You can accomplish the same thing (any color manipulation) with a "tweaked" camera profile. Instead of shooting the color reference chart directly, shoot the reference chart with the film whose "look" you want to emulate, make a print of the film shot of the color chart, shoot the print with your digital camera instead of the original chart and use the film print shot to create the tweaked camera profile. To duplicate the film "look", process the RAW normally, convert to the "tweaked" profile, and then assign your normal editing space.
Suppose you have a digital camera camera that outputs Adobe RGB JPEGs (like the Canon 1D-MkII) and you want to make your JPEGs look like Kodak Portra. Simply follow these steps:
1. Get yourself a camera profiling utility like Eye-One Match and the
Digital Color Checker SG color reference chart to go with it.
2. Shoot the Color Checker SG with a film camera loaded with Portra, and have a life-sized print made using your customary developing and printing process.
3. Shoot the Color Checker SG with the 1D-MkII, and feed the resulting JPEG into Eye-One Match. Save the resulting profile as "1D-MkII".
4. Shoot the Portra print of the Color CHecker SG with your 1D-MkII, and feed the resulting JPEG into Eye-One Match.

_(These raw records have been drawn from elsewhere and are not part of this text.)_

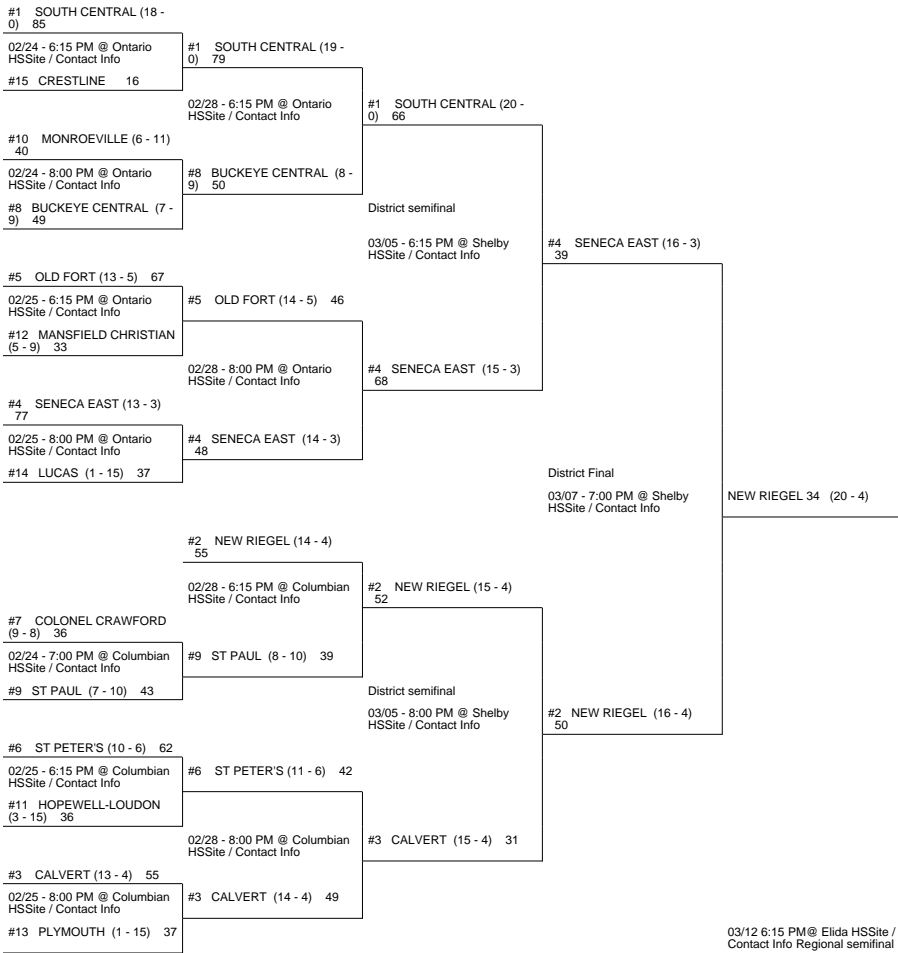

2015 OHSAA Girls Basketball Tournament - Division IV, Region 14 - Elida

Shelby District

Lima District

Gibsonburg District

2015 OHSAA Girls Basketball Tournament - Division IV, Region 14 - Elida
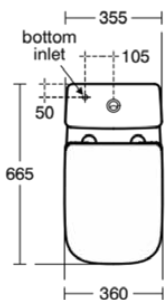

I.LIFE A

E247801

I.LIFE A | Toilet cistern 365x150x390 mm in white glossy finish | 4/2.6 L dual flush

Image & drawing

General information

Product type:	Toileting
Sub product type:	Toilet cistern
Brand:	Ideal Standard
Suite name:	I.LIFE A
Designer:	Palomba Serafini Associati
Colour:	01 - White Glossy
Surface finish effect:	glossy
Height (mm):	390
Width (mm):	365
Length / Projection (mm):	150
Fixing method:	Fixing set
Net weight (kg):	11.40
EAN code:	5017830554448

Features

Downloads

- [Spare Parts List](#)

Product standard & certifications

Additional standards:	EN 14055
DoP classification:	CL2

Product specifications

Cistern position:	Close coupled
Colour code:	01
Colour description:	white glossy
Concealed fixing:	Yes
Corner model:	No
Flushing options:	2 volumes
Full flush (l):	4
Half flush (l):	2.6
Material:	Ceramic
Material quality:	Vitreous china
Operating method:	Push button
PVD technology:	No
Position of water supply:	Bottom
Surface finish effect:	glossy
Type of actuation:	Mechanic
Fixing method:	Fixing set
Mounting method:	Close-coupled
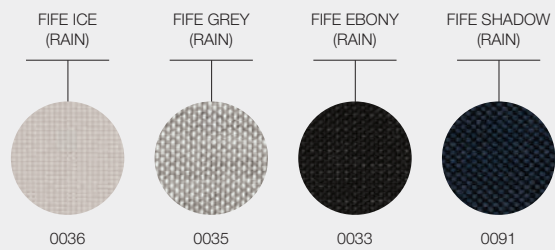

GRID FABRICS

DESIGNER · HENRIK PEDERSEN · DENMARK

GRADE B - WATER RESISTANT FABRICS

Save the resulting profile as "Portra".
5. Shoot a subject with the 1D-MkII. Open the JPEG in Photoshop, and convert to 16-bit mode.
6. Assign the profile "1D-MkII" to the image. This will cancel out any color deviations from the camera's internal JPEG processing.
7. Convert the image to the "Portra" profile.
8. Assign the Adobe RGB profile to the image. It will now have the same color characteristics as an image shot with Portra film, minus the grain structure.
I'm not sure why Kodak deserves a patent on this, unless they were involved in inventing profiles and the math involved in converting from RGB to CIE LAB and back.